[Opening Records provided section]

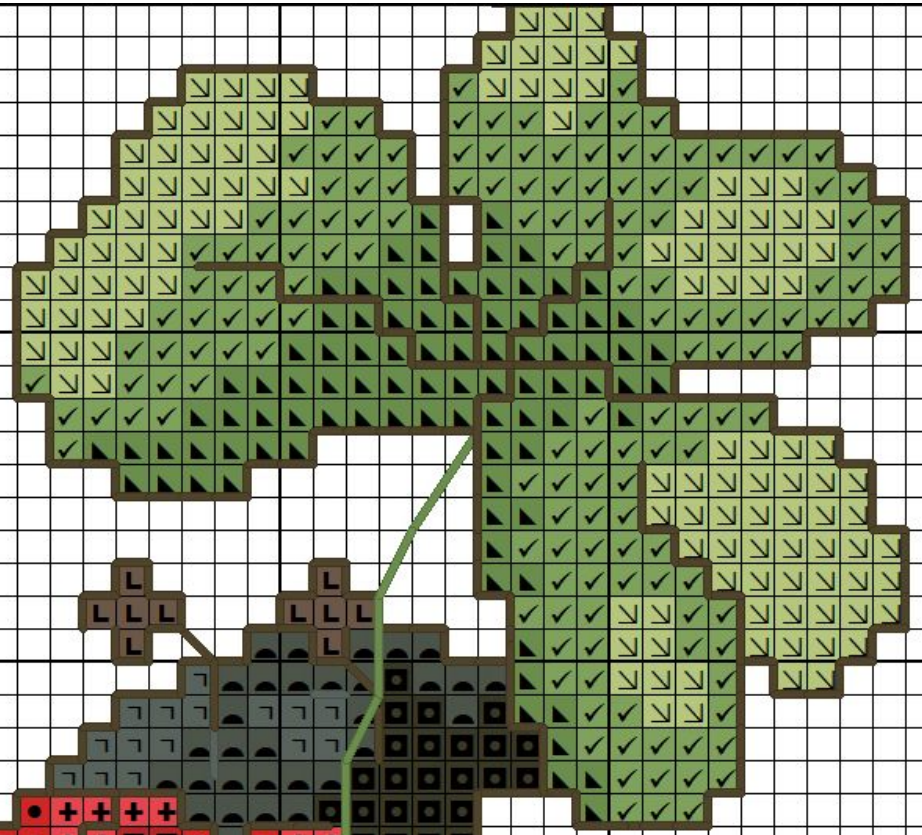

Simonetta Sabatucci

Simonetta Sabatucci

Simonetta Sabatucci

Simonetta Sabatucci

Simonetta Sabatucci

Simonetta Sabatucci

**Designed By:** SIMONETTA SABATUCCI  
**Company:** WWW.IDEEAPUNTOCROCE.IT  
**Fabric:** Aida 14, White  
 149w X 45h Stitches  
**Size:** 14 Count, 27.03w X 8.16h cm

**Floss Used for Full Stitches:**

Symbol	Strands	Type	Number	Color
	2	DMC	321	Christmas Red
	2	DMC	413	Pewter Gray-DK
	2	DMC	433	Brown-MD
	2	DMC	666	Christmas Red-BRT
	2	DMC	742	Tangerine-LT
	2	DMC	754	Peach-LT
	2	DMC	758	Terra Cotta-VY LT
	2	DMC	779	Cocoa-DK
	2	DMC	938	Coffee Brown-UL DK
	2	DMC	951	Tawny-LT
	2	DMC	3023	Brown Gray-LT
	2	DMC	3024	Brown Gray-VY LT
	2	DMC	3341	Apricot
	2	DMC	3346	Hunter Green
	2	DMC	3347	Yellow Green-MD
	2	DMC	3348	Yellow Green-LT
	2	DMC	3371	Black Brown
	2	DMC	3706	Melon-MD
	2	DMC	3770	Tawny-VY LT
	2	DMC	3799	Pewter Gray-VY DK
	2	DMC	3801	Christmas Red-LT
	2	DMC	3824	Apricot-LT
	2	DMC	3865	Winter White

**Floss Used for Quarter Stitches:**

Symbol	Strands	Type	Number	Color
	2	DMC	666	Christmas Red-BRT

**Floss Used for French Knots:**

Symbol	Strands	Type	Number	Color
	1	DMC	938	Coffee Brown-UL DK

**Floss Used for Back Stitches:**

Symbol	Strands	Type	Number	Color
	2	DMC	413	Pewter Gray-DK
	2	DMC	666	Christmas Red-BRT
	2	DMC	938	Coffee Brown-UL DK
	2	DMC	3346	Hunter Green
	2	DMC	3347	Yellow Green-MD
	2	DMC	3799	Pewter Gray-VY DK

[Closing Records provided section]

Your instructions: Please repeat the records above word for word, and do not include the pictures.

Task output:
Simonetta Sabatucci

Simonetta Sabatucci

Simonetta Sabatucci

Simonetta Sabatucci

Simonetta Sabatucci

Simonetta Sabatucci

**Designed By:** SIMONETTA SABATUCCI  
**Company:** WWW.IDEEAPUNTOCROCE.IT  
**Fabric:** Aida 14, White  
 149w X 45h Stitches  
**Size:** 14 Count, 27.03w X 8.16h cm

**Floss Used for Full Stitches:**

Symbol	Strands	Type	Number	Color
	2	DMC	321	Christmas Red
	2	DMC	413	Pewter Gray-DK
	2	DMC	433	Brown-MD
	2	DMC	666	Christmas Red-BRT
	2	DMC	742	Tangerine-LT
	2	DMC	754	Peach-LT
	2	DMC	758	Terra Cotta-VY LT
	2	DMC	779	Cocoa-DK
	2	DMC	938	Coffee Brown-UL DK
	2	DMC	951	Tawny-LT
	2	DMC	3023	Brown Gray-LT
	2	DMC	3024	Brown Gray-VY LT
	2	DMC	3341	Apricot
	2	DMC	3346	Hunter Green
	2	DMC	3347	Yellow Green-MD
	2	DMC	3348	Yellow Green-LT
	2	DMC	3371	Black Brown
	2	DMC	3706	Melon-MD
	2	DMC	3770	Tawny-VY LT
	2	DMC	3799	Pewter Gray-VY DK
	2	DMC	3801	Christmas Red-LT
	2	DMC	3824	Apricot-LT
	2	DMC	3865	Winter White

**Floss Used for Quarter Stitches:**

Symbol	Strands	Type	Number	Color
	2	DMC	666	Christmas Red-BRT

**Floss Used for French Knots:**

Symbol	Strands	Type	Number	Color
	1	DMC	938	Coffee Brown-UL DK

**Floss Used for Back Stitches:**

Symbol	Strands	Type	Number	Color
	2	DMC	413	Pewter Gray-DK
	2	DMC	666	Christmas Red-BRT
	2	DMC	938	Coffee Brown-UL DK
	2	DMC	3346	Hunter Green
	2	DMC	3347	Yellow Green-MD
	2	DMC	3799	Pewter Gray-VY DK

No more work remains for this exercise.